**Saved data entries:**
┌──

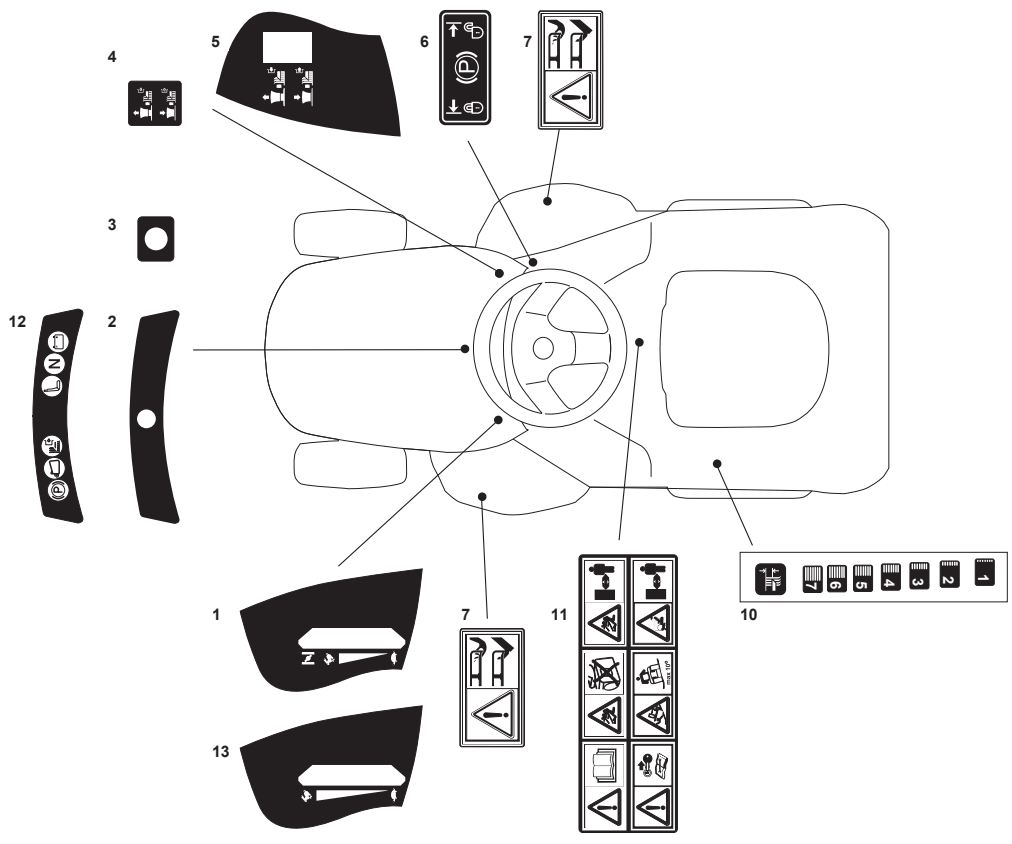

Fig.	Q.ty	Part No	Description	Notes
2	1	382869035/0	Stone Guard Tube	
3	2	125510022/0	Pin	
4	2	124487998/0	Cotter Pin	
5	1	382180062/0	Outfit, Screws	
22	1	125519997/1	Front Weight Tc	
23	3	112760520/0	Screw	
24	3	112155000/0	Nut	
42	1	125510021/1	Hitch Pin	
43	1	124487999/0	Spring Pin	
51	1	182180090/0	Battery Charger	CE Plugg
51	1	182180091/0	Battery Charger	UK Plugg
72	1	325140093/0	Deflector	
73	1	325394007/0	Handle	
74	1	125510077/0	Pin	
75	1	125430245/0	Spring	
76	1	112735410/0	Screw	
77	1	325280000/1	Handgrip	
78	1	125840011/1	Tie Rod	
79	2	125253004/0	Mulch.Kit Fixing Hook	
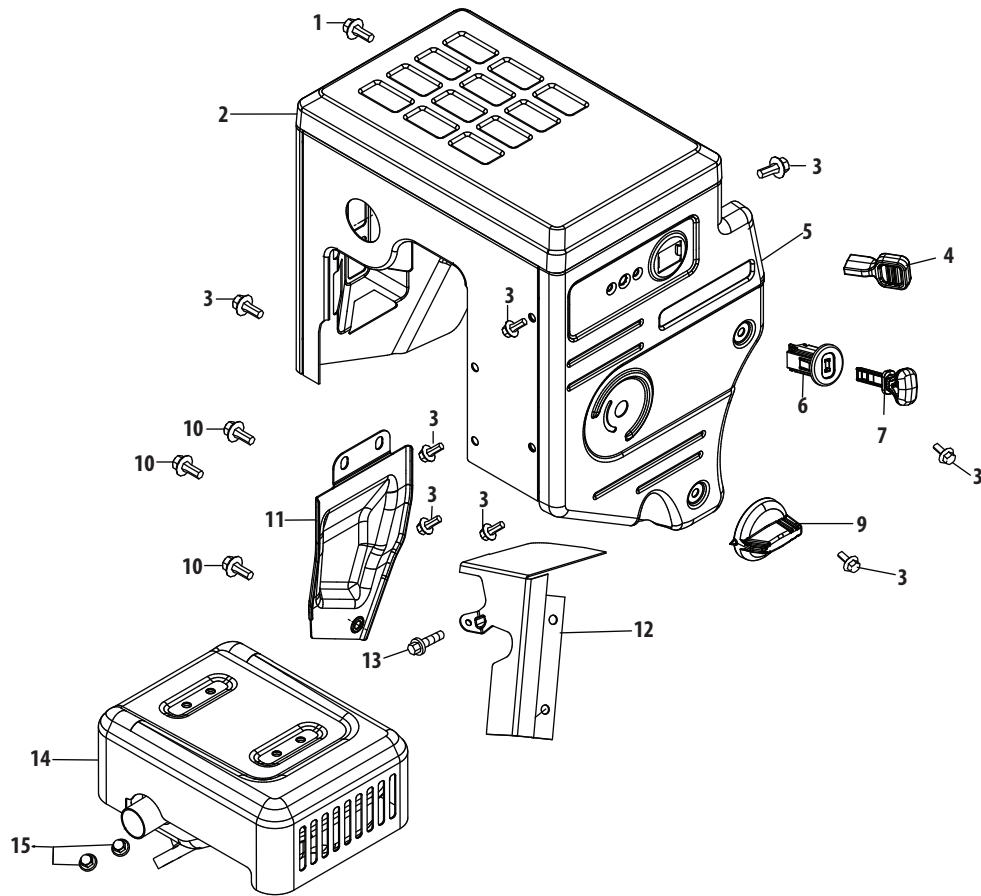

483-SUA Muffler & Controls

Ref.	Part Number	Description
1	710-04968	Bolt,M6x14
2	951-11339	Muffler Shield
3	710-04915	Bolt M6x12
4	951-10757	Throttle Control Knob
5	951-11595	Control Panel
6	951-10637	Key Switch Base
7	731-05632	Key
9	951-11302	Choke Knob
10	710-04914	Bolt M6x10
11	951-11181	Exhaust Pipe Shield
12	951-11321	Carb Isolator Bracket
13	710-04968	Bolt M6x16
14	951-11338	Muffler Assembly
15	712-04219	Nut M8

└──

**Your task:** If an entry above holds a picture, leave that picture out and print the rest exactly.

**Exercise result:**
Fig.	Q.ty	Part No	Description	Notes
2	1	382869035/0	Stone Guard Tube	
3	2	125510022/0	Pin	
4	2	124487998/0	Cotter Pin	
5	1	382180062/0	Outfit, Screws	
22	1	125519997/1	Front Weight Tc	
23	3	112760520/0	Screw	
24	3	112155000/0	Nut	
42	1	125510021/1	Hitch Pin	
43	1	124487999/0	Spring Pin	
51	1	182180090/0	Battery Charger	CE Plugg
51	1	182180091/0	Battery Charger	UK Plugg
72	1	325140093/0	Deflector	
73	1	325394007/0	Handle	
74	1	125510077/0	Pin	
75	1	125430245/0	Spring	
76	1	112735410/0	Screw	
77	1	325280000/1	Handgrip	
78	1	125840011/1	Tie Rod	
79	2	125253004/0	Mulch.Kit Fixing Hook	

483-SUA Muffler & Controls

Ref.	Part Number	Description
1	710-04968	Bolt,M6x14
2	951-11339	Muffler Shield
3	710-04915	Bolt M6x12
4	951-10757	Throttle Control Knob
5	951-11595	Control Panel
6	951-10637	Key Switch Base
7	731-05632	Key
9	951-11302	Choke Knob
10	710-04914	Bolt M6x10
11	951-11181	Exhaust Pipe Shield
12	951-11321	Carb Isolator Bracket
13	710-04968	Bolt M6x16
14	951-11338	Muffler Assembly
15	712-04219	Nut M8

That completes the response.